Сам Фрол был из прошлого века, в том смысле, что пас ещё при царе Горохе. Так про себя и докладывал.
— А при Гвидоне не пас? — поинтересовался Гвидон. — Тоже царь был, между прочим.
— При Гвидоне? — задумался старик. — Не, такого не упомню. Я Ленина хорошо помню. Мы с им, почитай, в один годок родились, ну близко совсем. При ём я пас. При том ишшо царе, при Ляксандре Втором, и при Третьим Самодержци, какой церквов пооткрывал немерено, при ём ишшо храм Спасителя освятили — тожа пас. При энтом вишь — тожа… Тольки уж не знаю, при каком… Как Сталин помёр, так и не уразумею покуда, хто нынче главнай. Радива-то у мене ни таво… Нету.
Попутно забирал хендехоховских коров и гнал общее стадо на выпас. К вечерней дойке пригонял назад, разводил скотину по домам. Кормили Фрола сами деревенские, в живую очередь, зависимо от количества хозяйских коров в стаде. Параше, с её одной животиной, обязанность выпадала раза два на лето. Жижинскими и хендехоховскими заведено было славно накормить и крепко поднести Фролу, чтобы пас на совесть. Очередной такой раз выпадал на субботу, когда вместо крыши уже должна была вовсю сиять непокрытая дыра в небо.

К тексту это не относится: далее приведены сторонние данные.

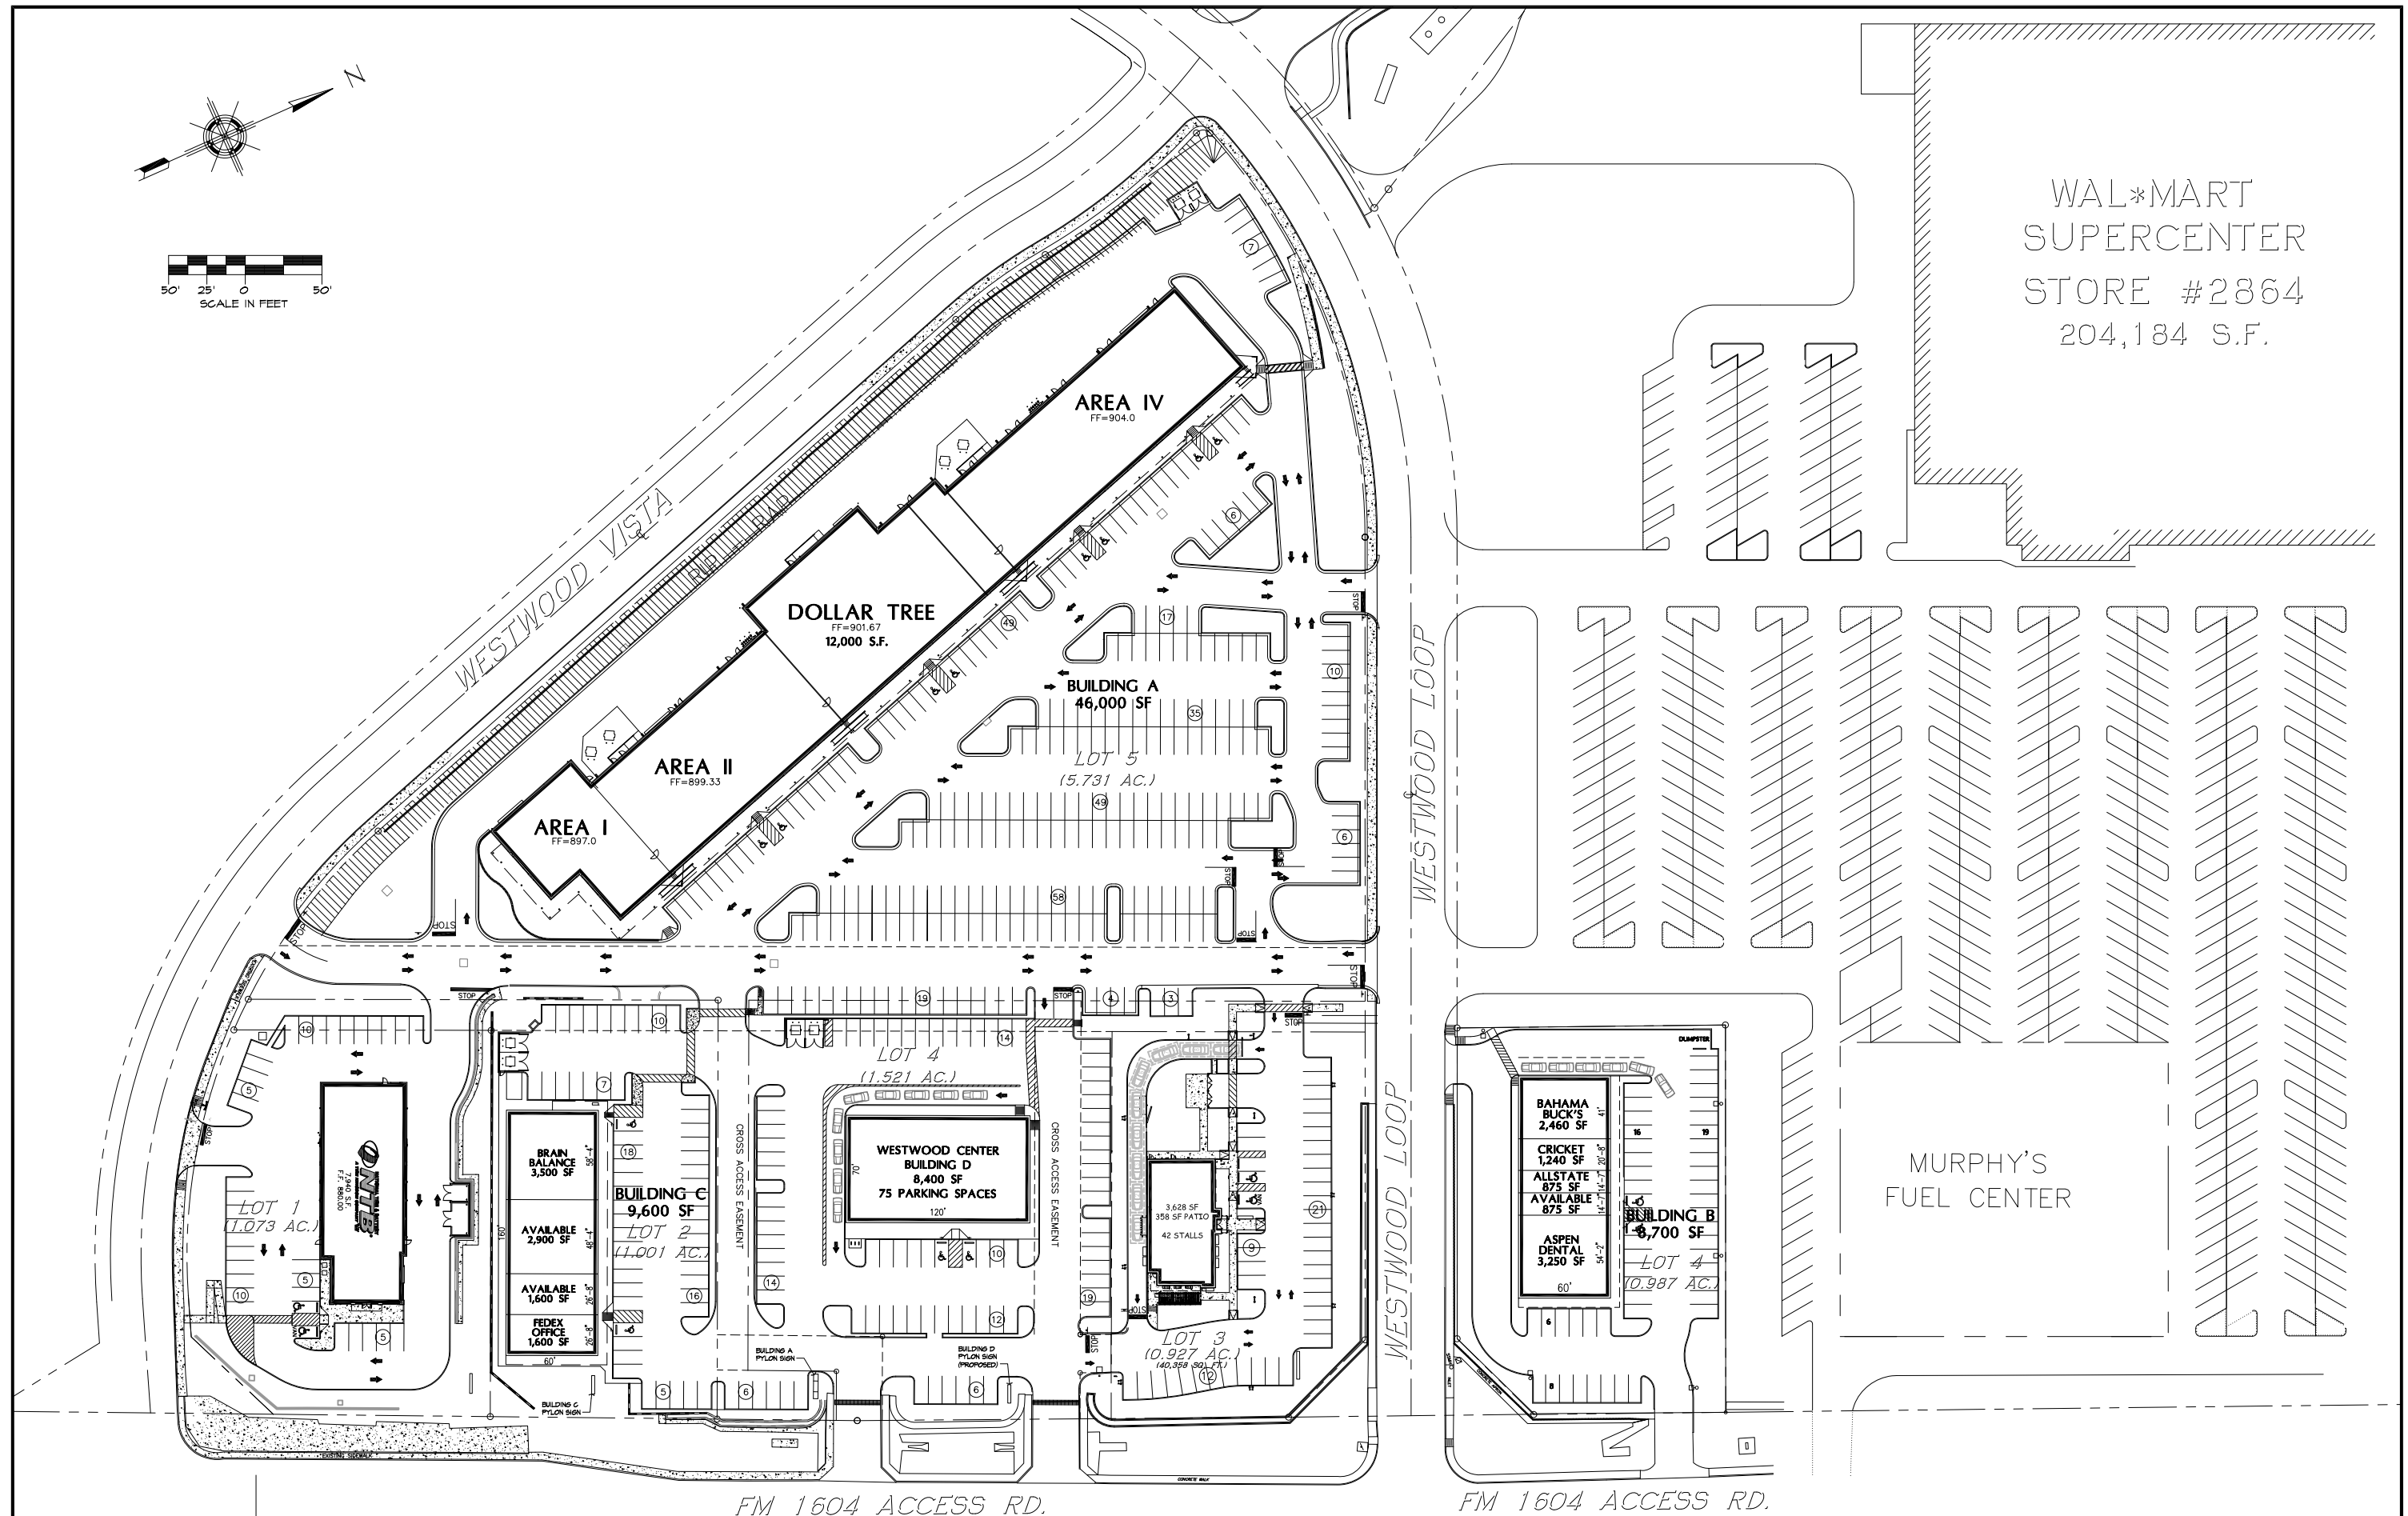

WAL*MART
SUPERCENTER
STORE #2864
204,184 S.F.

WESTWOOD VISTA SHOPPING CENTER

6511 LOOP 1604 @ CULEBRA ROAD

CITY OF SAN ANTONIO, TEXAS

JUNE 24, 2017

— Как жишь с Фролкай-та будить, — заметалась Параша перед отправкой в город, — коль мене нету тута? Хто яво покормить-та да нальёть?
Шварц успокаивал:
— Не переживай, Паранечка, милая моя. Всё будет в полном ажуре. Накормим досыта Фрола твоего и нальём, как положено. В обиде не останется, вот увидишь.
— А с курями как? — не унималась несчастная Прасковья. — Хто им картох натолкёть? Хто корок нарежеть? Хто яички соберёть?
Выручил Гвидон:
— Баба Параш, неужели ты думаешь, мы своими руками скотину на погибель отдадим? И жен своих без парного молока и яиц свежих оставим? Ну, сама посуди, нам это надо? Они же нас со свету после этого сживут, сердешные!
По своей убедительности последний аргумент оказался решающим, Прасковья успокоилась и угомонилась. Ещё за месяц до начала работ Юлику пришла в голову удивительная мысль: поселить бабку Прасковью на эти три неудобные для жизни недели в свою квартиру, на Серпуховку, к матери, Мире Борисовне. Ужасно хотелось знать, что из всего этого получится. А заодно решился бы и вопрос, где передержать мать-настоятельницу будущего дома до момента готовности крыши над срубом. Сами же они решили не мотаться в Москву-обратно, а прожить этот кусок вместе с мужиками, во времянке на дворе.
На другой день Юлик отвёз Парашу в Москву, на Серпуховку, показал как, чего и где и позвонил матери в школу.
— Мам, ты не сердись, но у нас недельки три поживёт одна милая бабушка из деревни, из Жижи. Её зовут Прасковья Гавриловна или просто Параша, мы у неё жить будем потом, как на даче, и сейчас расширяем дом. Ты уж прояви заботу, пожалуйста, не обижай старушку. Денег я на столе оставил, на питание и вообще. А спать положи на мою кровать.
Выслушав, Мира Борисовна с трудом пришла в себя:
— Какая ещё бабушка? С какой стати в моём доме будет жить посторонняя женщина? Юлий, ты в своём уме? Посели её к себе в мастерскую, в конце концов.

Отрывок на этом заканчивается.